[Records excerpted from a collection]

:::

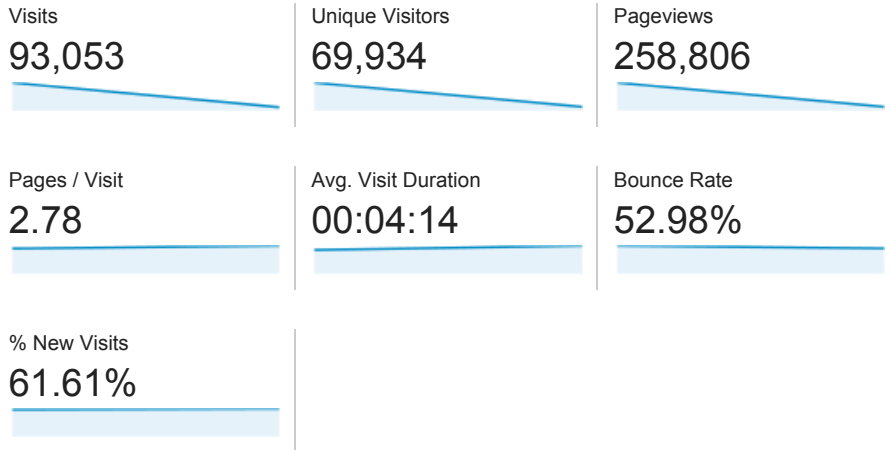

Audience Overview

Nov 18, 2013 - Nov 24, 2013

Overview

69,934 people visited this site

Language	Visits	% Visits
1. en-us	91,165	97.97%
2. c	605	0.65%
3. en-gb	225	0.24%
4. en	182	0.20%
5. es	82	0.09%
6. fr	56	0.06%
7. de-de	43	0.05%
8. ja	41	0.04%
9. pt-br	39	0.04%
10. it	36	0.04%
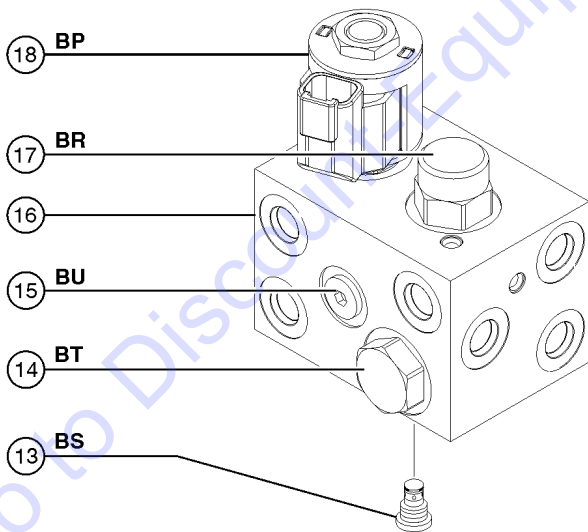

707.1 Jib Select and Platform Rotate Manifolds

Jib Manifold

:::

Reproduce the entries above without change, omitting all pictures.

Audience Overview

Nov 18, 2013 - Nov 24, 2013

Overview

69,934 people visited this site

Language	Visits	% Visits
1. en-us	91,165	97.97%
2. c	605	0.65%
3. en-gb	225	0.24%
4. en	182	0.20%
5. es	82	0.09%
6. fr	56	0.06%
7. de-de	43	0.05%
8. ja	41	0.04%
9. pt-br	39	0.04%
10. it	36	0.04%

707.1 Jib Select and Platform Rotate Manifolds

Jib Manifold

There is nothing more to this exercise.